> _ASSIGNMENT_: A single number is needed: how many lines of the data hold the word "Wilson".

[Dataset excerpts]
★ ★ ★ ★

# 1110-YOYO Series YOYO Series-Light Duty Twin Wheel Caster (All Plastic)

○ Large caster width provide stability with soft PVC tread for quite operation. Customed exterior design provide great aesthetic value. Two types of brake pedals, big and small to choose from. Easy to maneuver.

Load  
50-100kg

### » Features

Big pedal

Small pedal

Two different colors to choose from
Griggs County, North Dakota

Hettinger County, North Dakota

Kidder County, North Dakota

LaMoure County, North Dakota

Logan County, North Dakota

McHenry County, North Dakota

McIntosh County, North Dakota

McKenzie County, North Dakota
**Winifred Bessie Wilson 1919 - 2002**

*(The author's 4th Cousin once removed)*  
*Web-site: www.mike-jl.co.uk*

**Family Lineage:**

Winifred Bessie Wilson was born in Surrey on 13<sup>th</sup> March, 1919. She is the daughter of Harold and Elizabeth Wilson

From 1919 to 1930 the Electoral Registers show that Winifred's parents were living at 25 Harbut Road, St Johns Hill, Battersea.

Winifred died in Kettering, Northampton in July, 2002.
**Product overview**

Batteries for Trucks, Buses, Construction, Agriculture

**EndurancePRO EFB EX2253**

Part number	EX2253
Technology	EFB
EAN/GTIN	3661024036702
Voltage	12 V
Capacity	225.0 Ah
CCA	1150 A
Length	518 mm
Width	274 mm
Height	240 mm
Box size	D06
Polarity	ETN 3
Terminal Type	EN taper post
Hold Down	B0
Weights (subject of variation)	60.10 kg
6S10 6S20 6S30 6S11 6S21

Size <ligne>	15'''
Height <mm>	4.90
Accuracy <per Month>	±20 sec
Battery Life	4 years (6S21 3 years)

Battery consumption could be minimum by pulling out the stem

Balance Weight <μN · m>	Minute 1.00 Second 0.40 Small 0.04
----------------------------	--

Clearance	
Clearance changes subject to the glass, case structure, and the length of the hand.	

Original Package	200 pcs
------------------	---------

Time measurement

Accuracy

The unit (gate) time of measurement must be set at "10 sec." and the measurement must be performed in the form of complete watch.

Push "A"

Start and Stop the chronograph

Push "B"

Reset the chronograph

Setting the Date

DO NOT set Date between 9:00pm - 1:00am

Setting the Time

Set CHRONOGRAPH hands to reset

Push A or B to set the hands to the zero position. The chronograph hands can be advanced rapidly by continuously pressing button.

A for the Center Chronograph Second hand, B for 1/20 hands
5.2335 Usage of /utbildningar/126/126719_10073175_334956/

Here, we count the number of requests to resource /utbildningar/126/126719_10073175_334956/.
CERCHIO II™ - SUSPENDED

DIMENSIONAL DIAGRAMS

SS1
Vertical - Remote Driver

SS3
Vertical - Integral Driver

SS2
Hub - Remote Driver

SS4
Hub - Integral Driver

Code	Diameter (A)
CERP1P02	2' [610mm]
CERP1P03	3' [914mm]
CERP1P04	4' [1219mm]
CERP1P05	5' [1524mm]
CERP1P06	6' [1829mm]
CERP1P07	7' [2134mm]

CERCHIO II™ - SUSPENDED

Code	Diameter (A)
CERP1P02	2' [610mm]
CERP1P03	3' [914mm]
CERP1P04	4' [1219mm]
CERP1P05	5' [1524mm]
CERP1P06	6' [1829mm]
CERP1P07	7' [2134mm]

★ ★ ★ ★

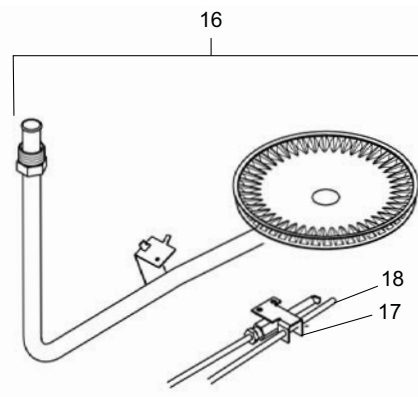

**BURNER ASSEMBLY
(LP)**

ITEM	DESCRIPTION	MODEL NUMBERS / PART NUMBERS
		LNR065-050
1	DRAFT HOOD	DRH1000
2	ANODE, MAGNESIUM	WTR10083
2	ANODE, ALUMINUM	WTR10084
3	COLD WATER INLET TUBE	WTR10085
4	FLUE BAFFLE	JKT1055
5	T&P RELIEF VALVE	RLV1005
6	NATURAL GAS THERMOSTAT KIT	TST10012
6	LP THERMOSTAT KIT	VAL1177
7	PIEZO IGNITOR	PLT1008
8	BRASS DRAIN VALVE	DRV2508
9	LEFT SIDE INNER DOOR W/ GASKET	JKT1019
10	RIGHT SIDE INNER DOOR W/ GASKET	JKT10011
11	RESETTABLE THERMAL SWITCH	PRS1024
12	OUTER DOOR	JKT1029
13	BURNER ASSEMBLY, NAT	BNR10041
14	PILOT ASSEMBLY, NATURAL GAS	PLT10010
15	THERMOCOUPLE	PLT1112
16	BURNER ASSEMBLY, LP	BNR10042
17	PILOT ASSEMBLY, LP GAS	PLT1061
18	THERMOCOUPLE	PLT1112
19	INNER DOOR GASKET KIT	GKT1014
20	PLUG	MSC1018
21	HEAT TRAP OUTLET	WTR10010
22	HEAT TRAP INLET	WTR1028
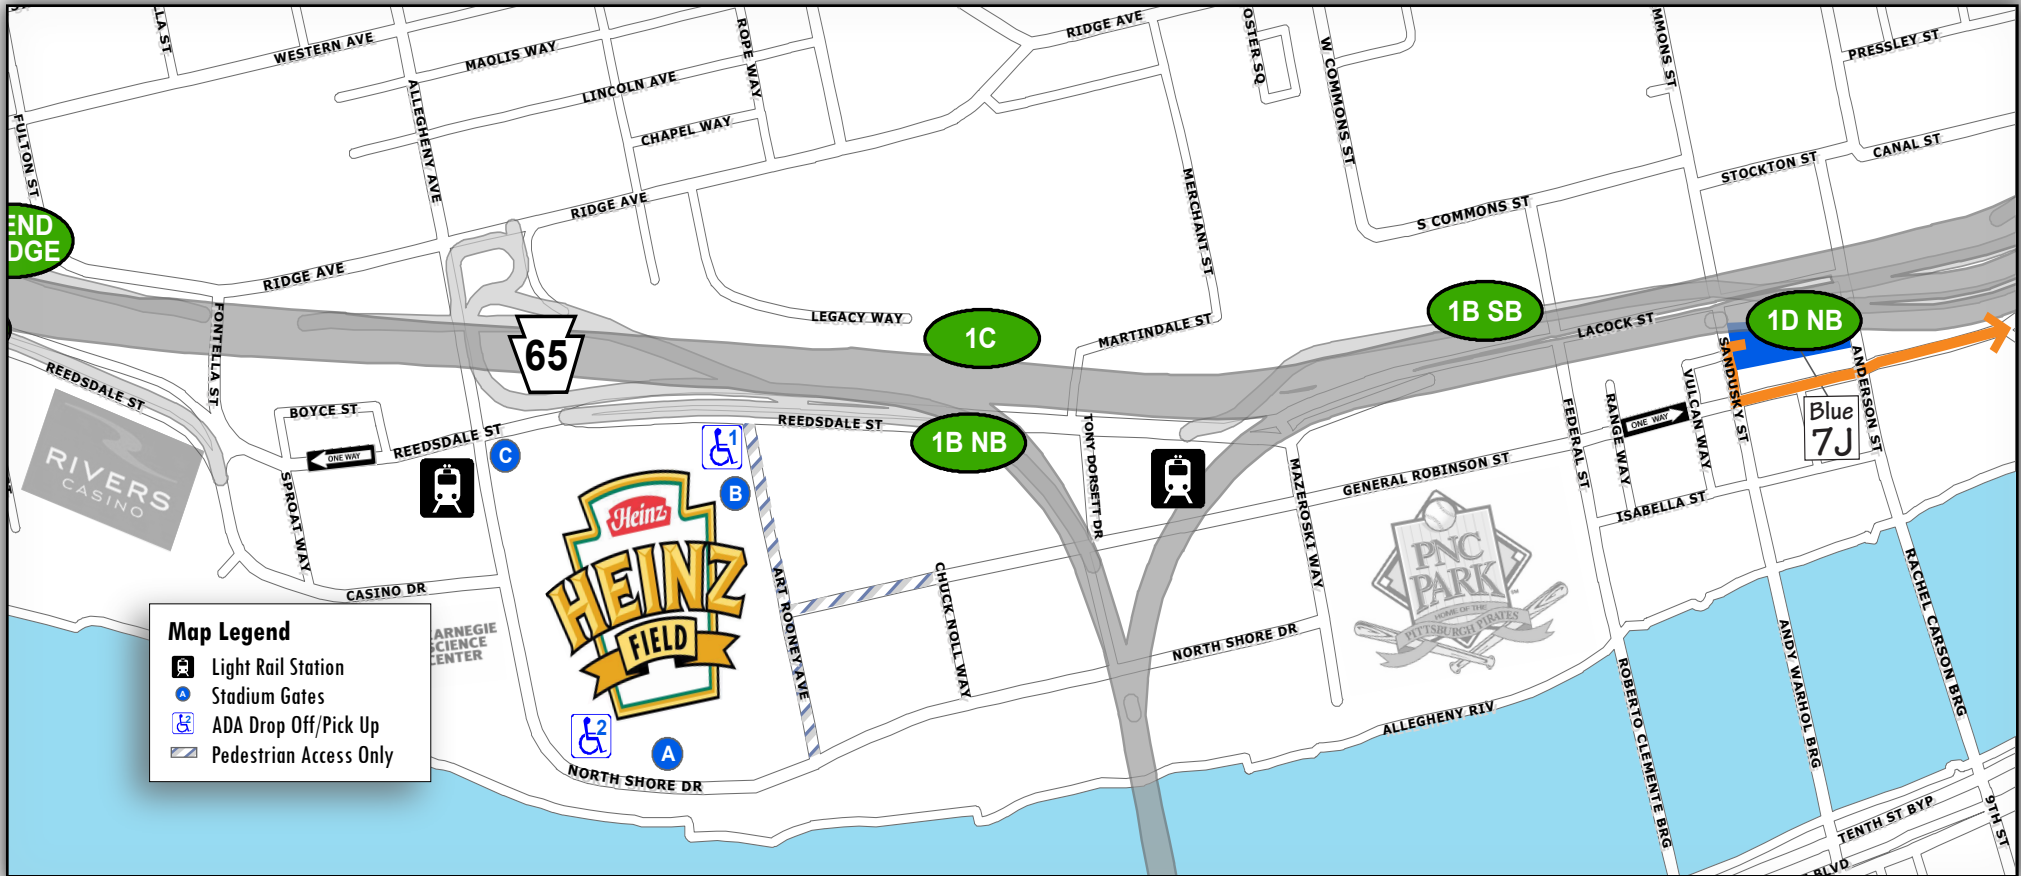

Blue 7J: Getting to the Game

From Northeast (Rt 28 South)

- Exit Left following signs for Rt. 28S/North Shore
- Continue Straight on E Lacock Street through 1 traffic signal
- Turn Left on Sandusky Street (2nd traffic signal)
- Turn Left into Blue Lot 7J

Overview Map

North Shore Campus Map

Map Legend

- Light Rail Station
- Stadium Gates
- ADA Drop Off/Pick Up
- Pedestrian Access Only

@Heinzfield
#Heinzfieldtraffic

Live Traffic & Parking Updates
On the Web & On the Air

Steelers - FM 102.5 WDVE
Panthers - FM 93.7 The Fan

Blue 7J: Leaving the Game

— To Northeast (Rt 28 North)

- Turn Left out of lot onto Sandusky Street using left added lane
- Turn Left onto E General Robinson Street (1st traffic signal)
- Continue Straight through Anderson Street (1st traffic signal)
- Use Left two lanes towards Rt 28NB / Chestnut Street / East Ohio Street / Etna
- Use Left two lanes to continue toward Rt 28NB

★ ★ ★ ★

> _RESPONSE TO THE EXERCISE_: 2